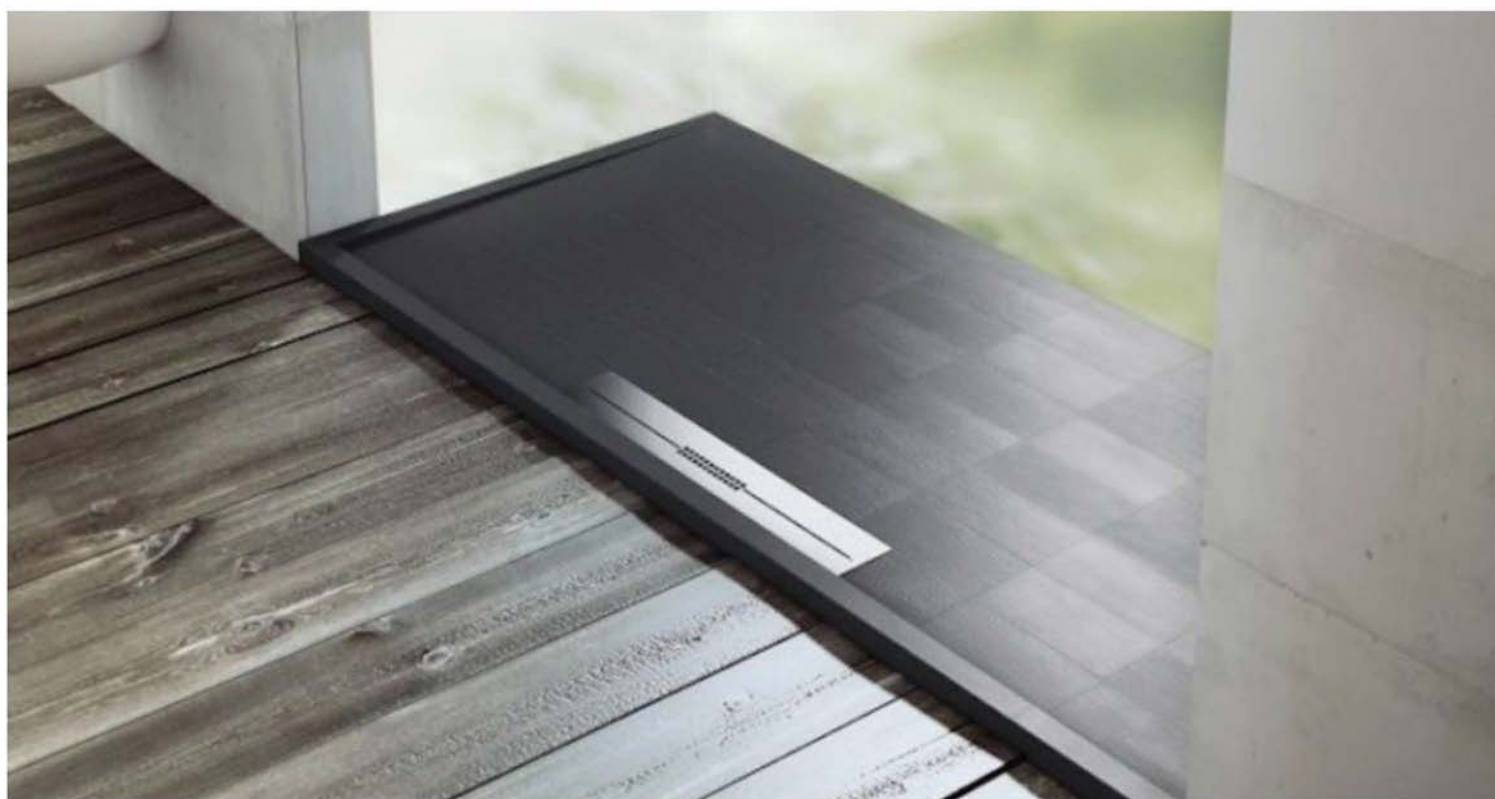

SALLE DE BAINS / DOUCHE

Bac à douche Silex Avant

Le receveur de douche Silex AVANT avec un élégant Siphon en acier inoxydable poli. Nous vous proposons la fourniture et pose d'un receveur de douche Silex AVANT. Dimensions à définir selon plans.
________________________________________
_WHAT THE TASK REQUIRES_. Each line above that carries the string "Silex" has to be returned.

_WRITTEN SOLUTION_.
Bac à douche Silex Avant
Le receveur de douche Silex AVANT avec un élégant Siphon en acier inoxydable poli. Nous vous proposons la fourniture et pose d'un receveur de douche Silex AVANT. Dimensions à définir selon plans.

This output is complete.